# New to Utah Turkey Hunting



## dpittmanAF (Apr 2, 2015)

Hey everyone, 

I just PCS here to Hill AFB and am looking for some public land tips to hunt some gobblers. Im from Arkansas and love hunting the easterns down there. Im trying to go scout some places soon but I just dont want to waste my time on bad areas... Any suggestions to where to go within 30 or 45 min of the base?

Thank you.


----------



## BPturkeys (Sep 13, 2007)

Basically you'll find turkeys the same places you find deer and elk. They're all over the state so just get out there and start looking around, you'll find birds.


----------



## ridgetop (Sep 13, 2007)

BassMan14 said:


> Alright, I am no turkey hunter. A few years ago my dad drew out for a wasatch deer tag. I remember there being a TON of turkeys on the Butterfield mountains, by Kennecott Copper Mine. Other than that, I have not seen a turkey anywhere near HAFB.

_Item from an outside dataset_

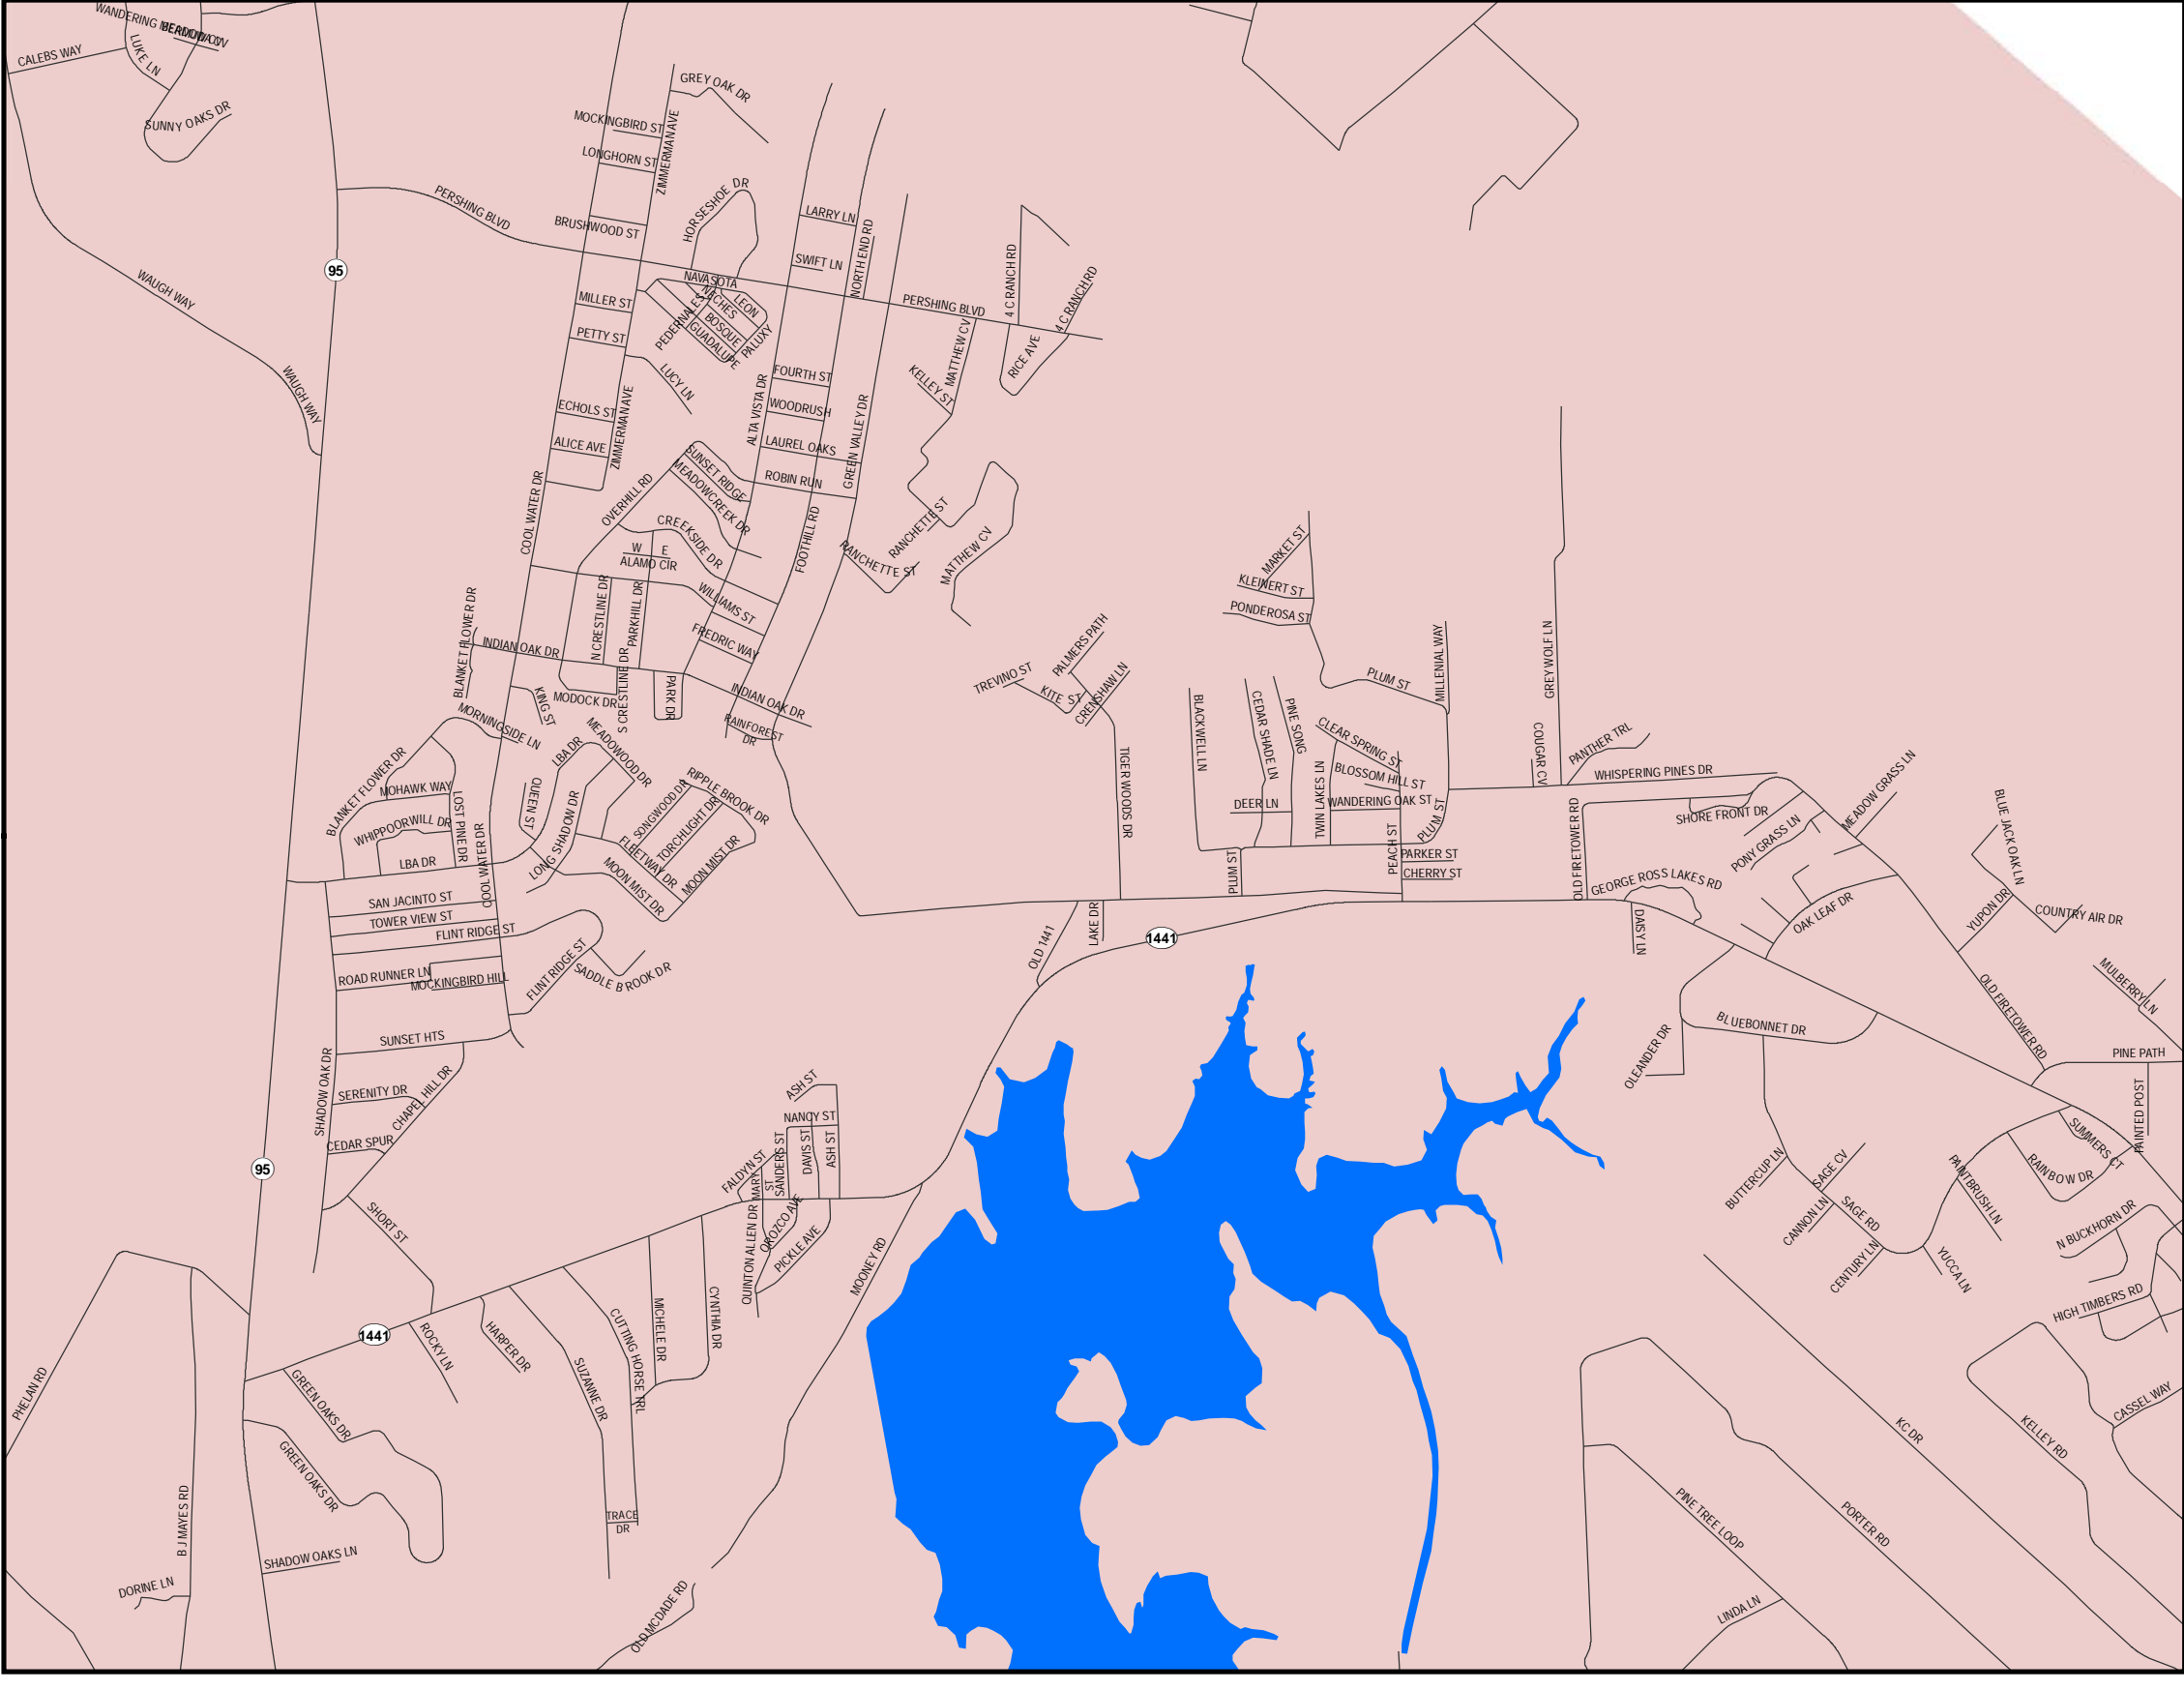

LAKE BASTROP ACRES AREA

Not to sound rude but this comment makes little sense to me. 
Your Dad has a Wasatch deer tag but your seeing unhuntable turkeys on private land on the Oquirrh/Stansbury unit.
Was your dad hunting the wrong unit?


----------



## BassMan14 (Apr 27, 2014)

ridgetop said:


> Not to sound rude but this comment makes little sense to me.
> Your Dad has a Wasatch deer tag but your seeing unhuntable turkeys on private land on the Oquirrh/Stansbury unit.
> Was your dad hunting the wrong unit?


I apologize for the sketchy facts. I was 11 when this occured. My father and I drove up on the mountain to look for some deer before the next season, for we had heard that there are a lot of deer on the mountain. We drove along a road and had to stop for multiple turkeys, which is why I thought that there were many turkeys inhabiting that area. Like I said, I was young. At that time I had no knowledge that those turkeys were "unhuntable".


----------



## archeryobsession (Mar 23, 2013)

Hey AF welcome to utah! This will be my 2nd time hunting turkeys here in Utah and im going with my bow. I just went out today to see what I could find and the road I was going to drive up was locked so I just walked up about a mile and saw turkey tracks in the snow then saw about 2 dozen turkeys a few hundred yards away. So I built a few blinds and Im ready to go. So like everyone else said just find a drainage start hiking maybe a few calls and youll find them, they really are everywhere (for now anyways, probably not when the season starts)


----------



## ravenrogers (Oct 27, 2008)

There are alot of turkeys on public land up Farmington canyon and along the Wasatch behind Bountiful thats what there saying.


----------



## dpittmanAF (Apr 2, 2015)

Im not familiar with the Bountiful area. Which way does the public land along Farmington Canyon run? I see some public land North of East Canyon Reservoir and Echo Res near Henefer. Everything Im trying to find via Utah DWR website shows land West of Farmington and Bountiful.


----------